# Sync/Viewing Outlook at home?



## DirtyDog (28 Aug 2012)

I'm guessing having one's Outlook on the DIN syncing with something like a Windows Live or Gmail account is impossible but what is the easiest way to export my Outlook calendar so I can add it to and update my calendar at home?

Export it as a .pst file?

Thanks


----------



## Occam (28 Aug 2012)

Just create your appointments with your civvy address as an invitee.  Remember - you're not allowed to put your personal USB drive into a DND PC, and you can't put a DND USB drive into a personal PC, so unless you're burning CDs every time you want to sync everything, there's no way to do what you want to do legally.


----------



## DirtyDog (28 Aug 2012)

Occam said:
			
		

> Just create your appointments with your civvy address as an invitee.  Remember - you're not allowed to put your personal USB drive into a DND PC, and you can't put a DND USB drive into a personal PC, so unless you're burning CDs every time you want to sync everything, there's no way to do what you want to do legally.

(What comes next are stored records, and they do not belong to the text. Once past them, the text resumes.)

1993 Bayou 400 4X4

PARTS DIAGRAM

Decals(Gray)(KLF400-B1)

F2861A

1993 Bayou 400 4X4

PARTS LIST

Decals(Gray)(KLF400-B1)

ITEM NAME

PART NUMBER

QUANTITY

I'll give that a try but it sounds like I'll be spamming myself as it looks like I'll have atleast a dozen calendar events in a week.  

Looking at my email client at home (windows live) it is quite weak and probably wouldn't have much ability to work with Outlook anyway.  Maybe it's time to ditch it and get a "real" client like Outlook for home.  or go back to Outlook Express.

As far as UBS keys.... don't worry.  I use an approved stick and everything is transferred on a scrubber.

if somehow could tell me what I'd need to export from Outlook every day to bring home to update my calendar, that'd be great.  I'm a big fan of electronic agendas, calendars and task lists.  I find it extremely conveniet when used on multiple devices plus it has build in redundancy and you don't have to worry about losing anything physical.


----------



## Occam (29 Aug 2012)

If you go see or phone your local help desk at work, ask about the "Office 2003 Home Use CD" which any CF member/DND employee can use to install Outlook on their home computer to conduct work-related tasks.  It's a full version of Outlook Office 2003 Professional.  Once you have that installed on your home computer, you can Google "export calendar entries outlook 2003" for a few methods of exporting your calendar entries (only!) to a file type which can then be carted home for use.


----------



## DirtyDog (29 Aug 2012)

Thanks, turns out I have Outlook (2007)already installed at home.


----------